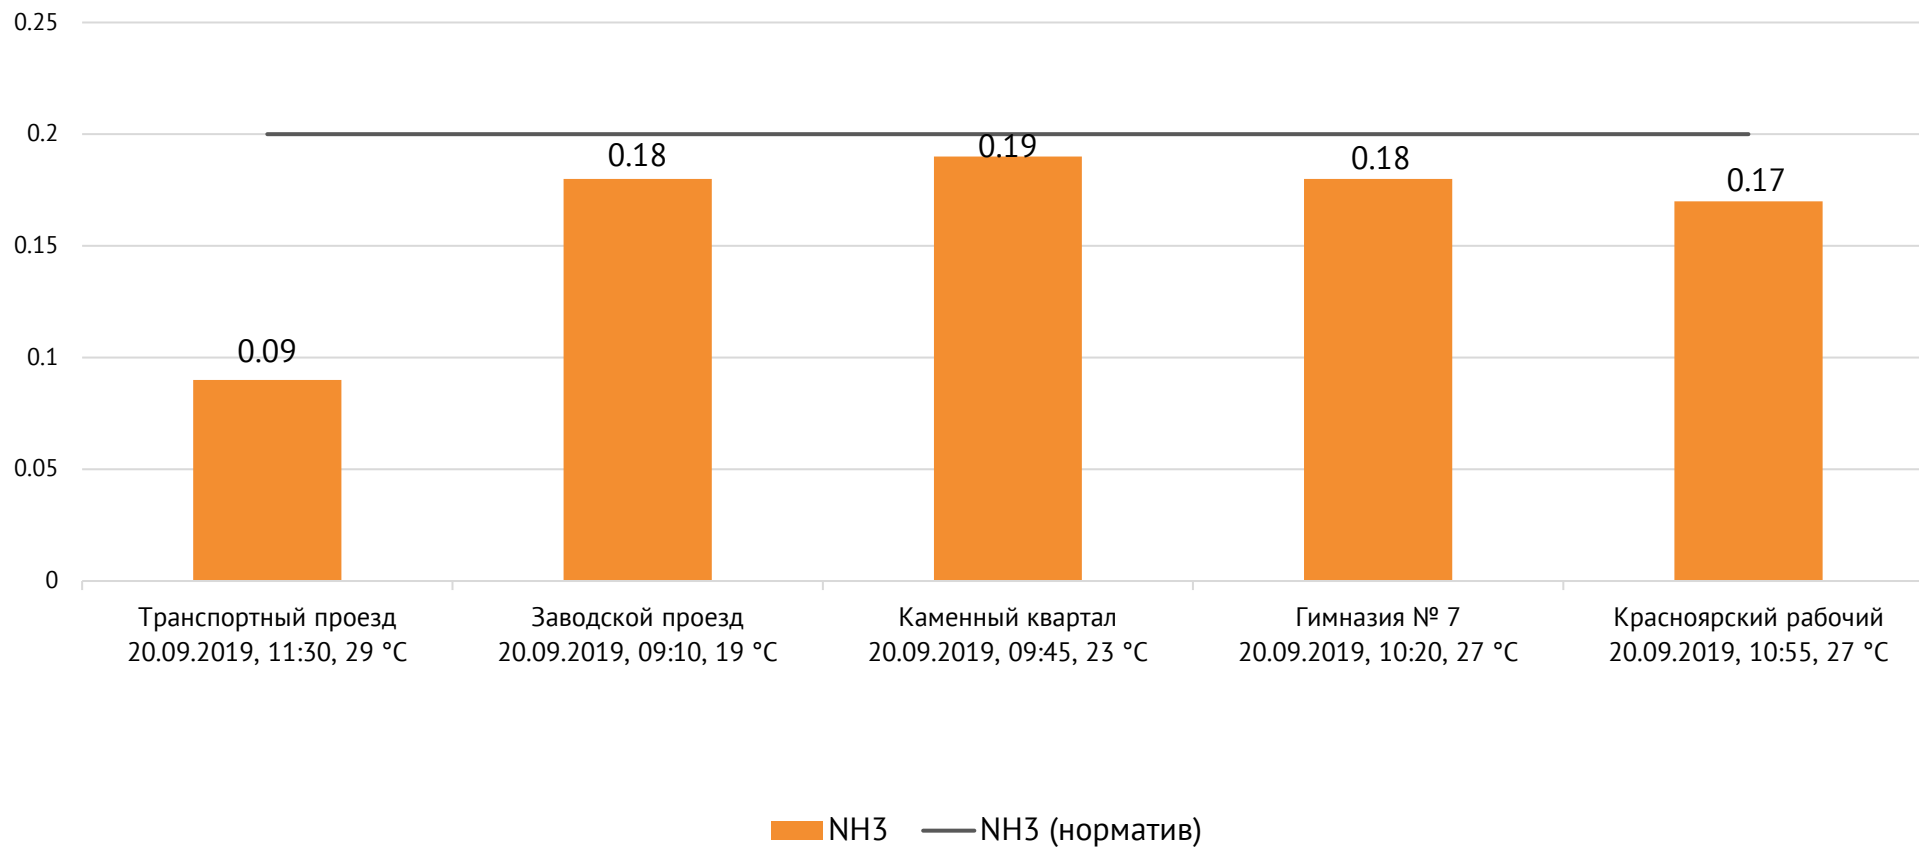

Концентрация NO₂, мг/м³

ОАО «Красцветмет»

Тел.: +7 391 259 3333, info@krastsvetmet.ru, www.krastsvetmet.ru

Транспортный проезд, дом 1, г. Красноярск, Российская Федерация, 660027

Концентрация CO, мг/м³

Концентрация NH_3 , $\text{мг}/\text{м}^3$
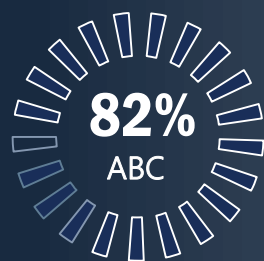

THE BLACKLIST

Conta a história de Raymond Reddington, um dos criminosos mais procurados dos estados unidos que decide se entregar ao FBI. Em troca, ele compartilha com as autoridades policiais informações sobre organizações criminosas e os mais perigosos chefes do crime, dos quais a polícia sequer sabe da existência.

Sábado, das 23h00 à 23h45

AFINIDADE	TARGET	BAND	A	B	C
	HH AB 35+	143	89	77	66
	HH C 35+	237	107	143	92
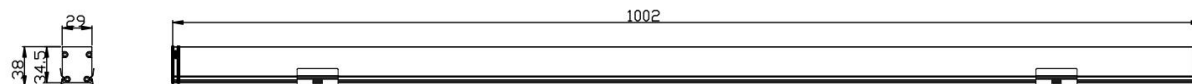

## 规格参数

|      |                            |
|------|----------------------------|
| 型 号  | ▶ WWL1202                  |
| 工作电压 | ▶ 12V DC, 24V DC           |
| 功 率  | ▶ 12W/24W                  |
| 光源类型 | ▶ LED 2835/LED 3030        |
| 色 温  | ▶ 2700K, 3000K, 4000K      |
| 频 率  | ▶ 90min, 80min             |
| 光源效率 | ▶ 110 lm/W@3000K           |
| 发光角度 | ▶ 22°/20°*40°/45°          |
| 材 质  | ▶ 优质铝 + 钢化玻璃               |
| 工作温度 | ▶ -20°C ~ +55°C            |
| 储存温度 | ▶ -25°C ~ +60°C            |
| 光源寿命 | ▶ 50,000 hours/L70 at 25°C |
| 通电连接 | ▶ 快速接头 (可选)                |
| 产品尺寸 | ▶ 1002*29*38(H)mm          |
| 防护等级 | ▶ IP65                     |
| 控制方式 | ▶ ON/OFF                   |
| 证 书  | ▶ CE & ROHS                |

## 产品尺寸

Unit: mm
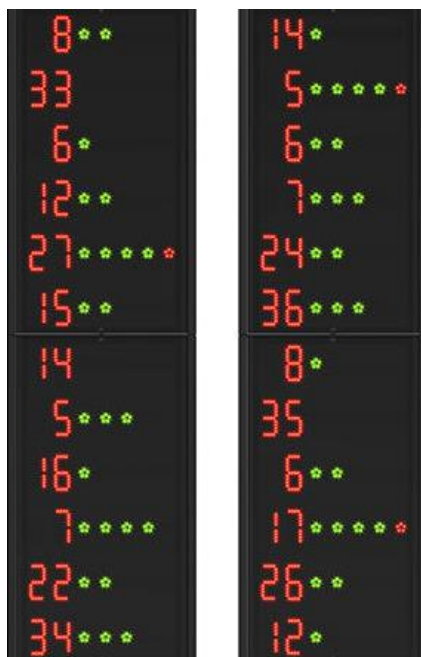

Módulos de Faltas c/ Dorsais

Características Funcionais:

- Ⓛ Faltas pessoais de cada jogador de ambas as equipas
- Ⓛ Dorsal 0 a 99
- Ⓛ 4 Pontos verdes e 1 vermelho

Características Técnicas:

- Ⓛ Dimensões: 58x200x9 cm
- Ⓛ Diâmetro dos pilotos: 2,5 cm
- Ⓛ Altura dos dígitos: 10 cm
- Ⓛ Visibilidade: 50 m
- Ⓛ Ângulo visão: 150°
- Ⓛ Alimentação: 100-240 V – 50/60Hz
- Ⓛ Dígitos formados por Led's SMT, média de 100.000 horas
- Ⓛ Comunicação Via Rádio e Via Cabo
- Ⓛ Caixa exterior em alumínio com pintura eletrostática a pó
- Ⓛ Peso: 35,4 Kg
+++
**WHAT THIS TASK INVOLVES**
All lines that contain the word "Faltas" must be copied from the records above.

**ANSWER SPACE**
Módulos de Faltas c/ Dorsais
- Ⓛ Faltas pessoais de cada jogador de ambas as equipas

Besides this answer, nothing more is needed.